(Collection entries)
- - - -
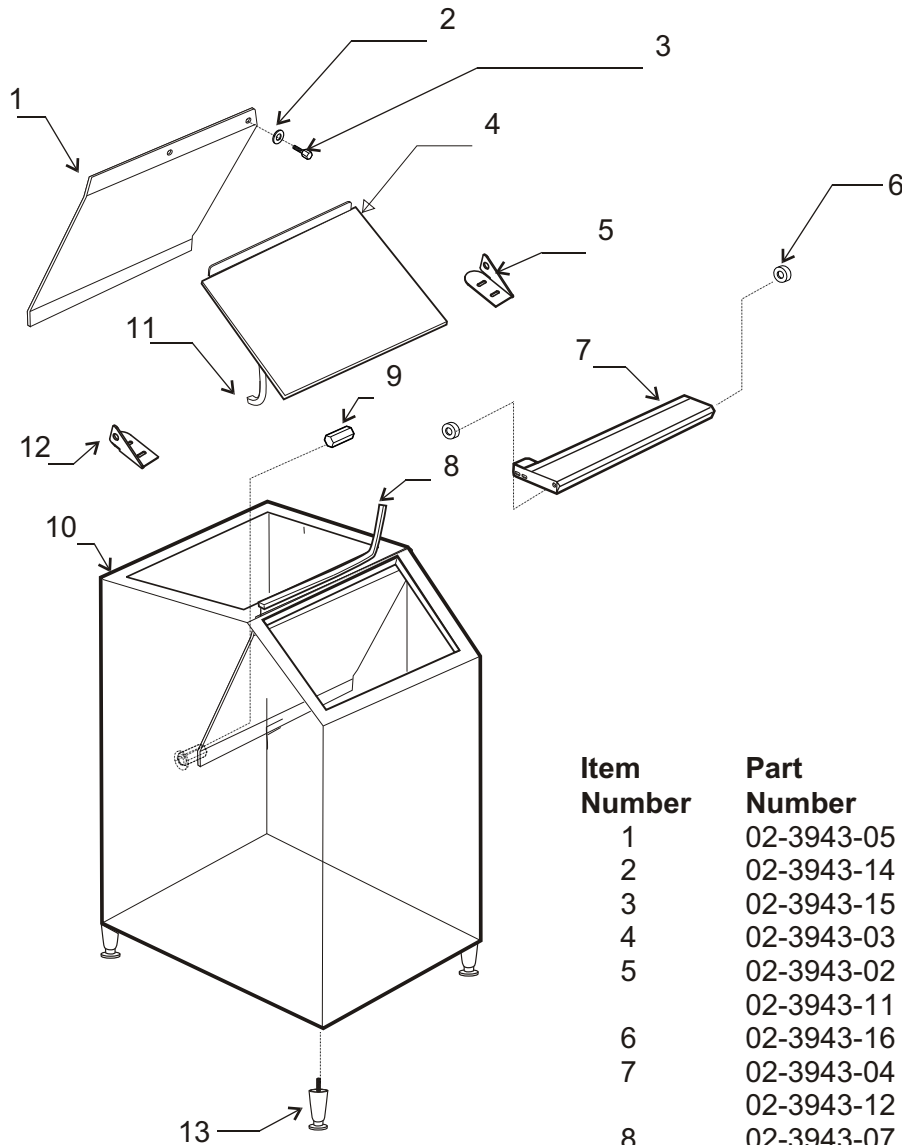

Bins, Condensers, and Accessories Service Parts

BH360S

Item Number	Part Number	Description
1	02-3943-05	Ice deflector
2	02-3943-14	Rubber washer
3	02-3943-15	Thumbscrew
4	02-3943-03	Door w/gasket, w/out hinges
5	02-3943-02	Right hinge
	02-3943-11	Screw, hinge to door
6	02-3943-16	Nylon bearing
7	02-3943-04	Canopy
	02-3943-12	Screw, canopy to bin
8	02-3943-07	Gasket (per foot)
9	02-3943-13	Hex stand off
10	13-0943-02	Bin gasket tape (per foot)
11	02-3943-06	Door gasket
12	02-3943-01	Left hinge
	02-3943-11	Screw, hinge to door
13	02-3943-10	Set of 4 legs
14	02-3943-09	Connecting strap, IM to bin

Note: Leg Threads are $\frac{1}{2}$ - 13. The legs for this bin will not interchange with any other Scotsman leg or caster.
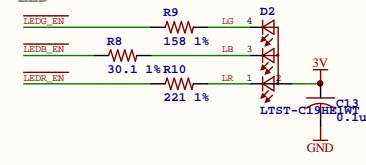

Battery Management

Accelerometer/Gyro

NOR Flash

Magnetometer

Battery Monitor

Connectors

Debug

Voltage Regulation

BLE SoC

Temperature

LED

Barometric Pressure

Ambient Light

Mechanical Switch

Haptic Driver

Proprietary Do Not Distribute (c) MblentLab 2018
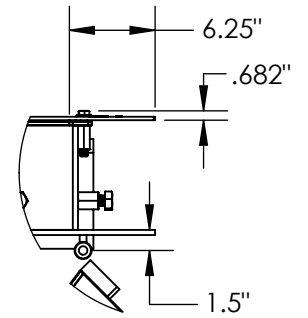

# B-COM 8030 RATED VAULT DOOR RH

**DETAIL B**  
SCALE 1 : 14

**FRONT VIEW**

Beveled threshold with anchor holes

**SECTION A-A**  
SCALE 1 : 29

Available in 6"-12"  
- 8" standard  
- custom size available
- - - -
_Exercise prompt_:
Retype nothing except the lines from the line holding "SCALE 1 : 14" through the last line of the entries, both included.

_Expected answer_:
SCALE 1 : 14

**FRONT VIEW**

Beveled threshold with anchor holes

**SECTION A-A**  
SCALE 1 : 29

Available in 6"-12"  
- 8" standard  
- custom size available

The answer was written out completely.